BEGIN INPUT MATERIAL

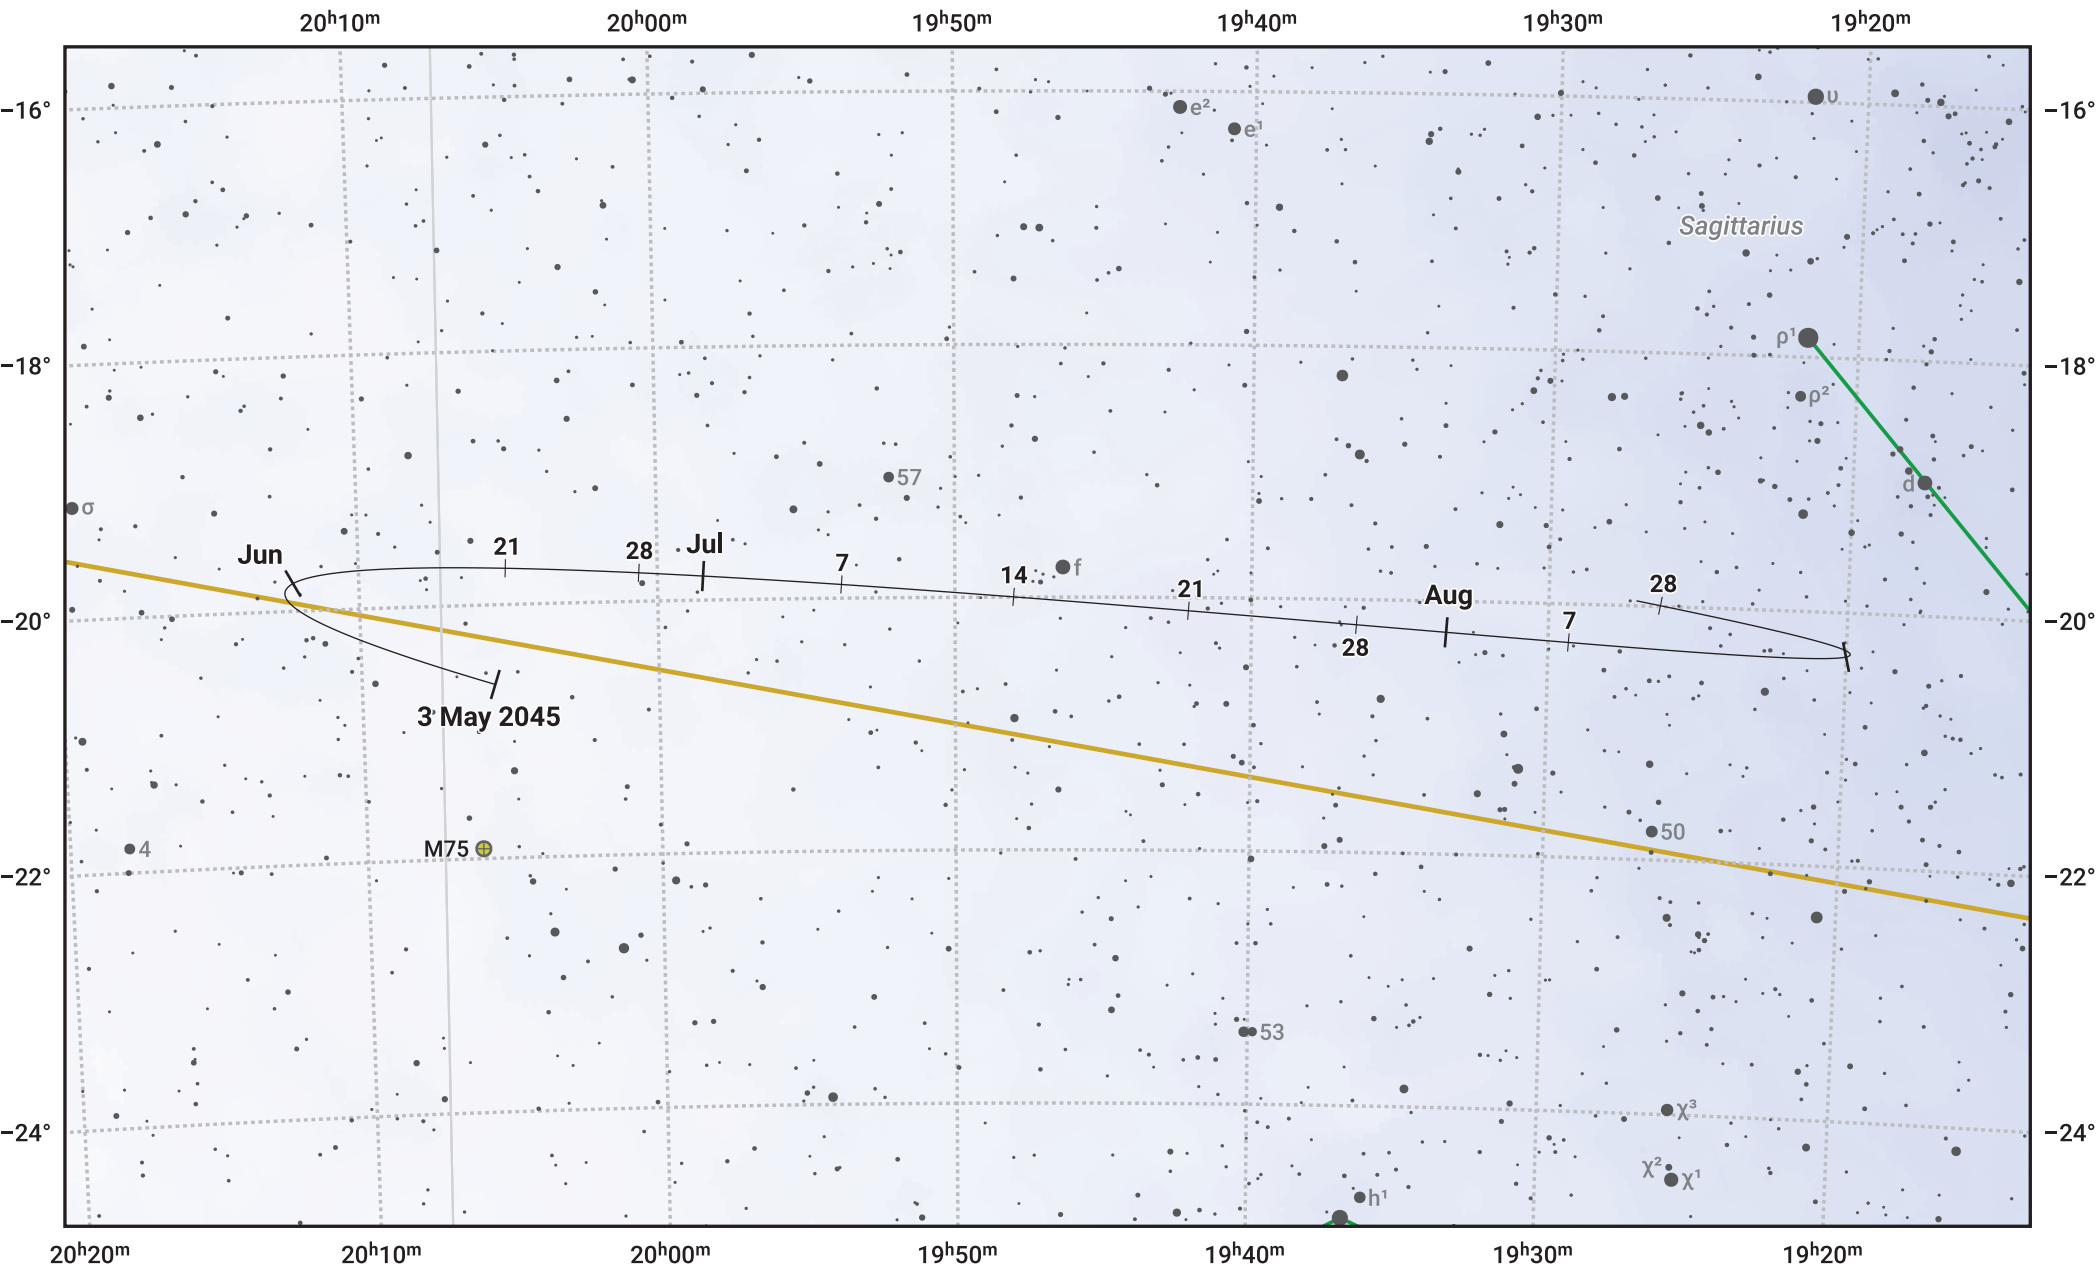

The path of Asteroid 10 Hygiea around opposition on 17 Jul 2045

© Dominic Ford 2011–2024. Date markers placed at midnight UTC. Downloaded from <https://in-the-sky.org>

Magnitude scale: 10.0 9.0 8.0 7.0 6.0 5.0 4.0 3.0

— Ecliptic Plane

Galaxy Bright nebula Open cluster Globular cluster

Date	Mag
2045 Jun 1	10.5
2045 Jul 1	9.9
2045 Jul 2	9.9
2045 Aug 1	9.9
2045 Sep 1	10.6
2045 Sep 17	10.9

END INPUT MATERIAL

- **INSTRUCTIONS TO FOLLOW**:
The answer must be the entries above, printed exactly, with no pictures.

- **REPLY TO THE EXERCISE**:
The path of Asteroid 10 Hygiea around opposition on 17 Jul 2045

© Dominic Ford 2011–2024. Date markers placed at midnight UTC. Downloaded from <https://in-the-sky.org>

Magnitude scale: 10.0 9.0 8.0 7.0 6.0 5.0 4.0 3.0

— Ecliptic Plane

Galaxy Bright nebula Open cluster Globular cluster

Date	Mag
2045 Jun 1	10.5
2045 Jul 1	9.9
2045 Jul 2	9.9
2045 Aug 1	9.9
2045 Sep 1	10.6
2045 Sep 17	10.9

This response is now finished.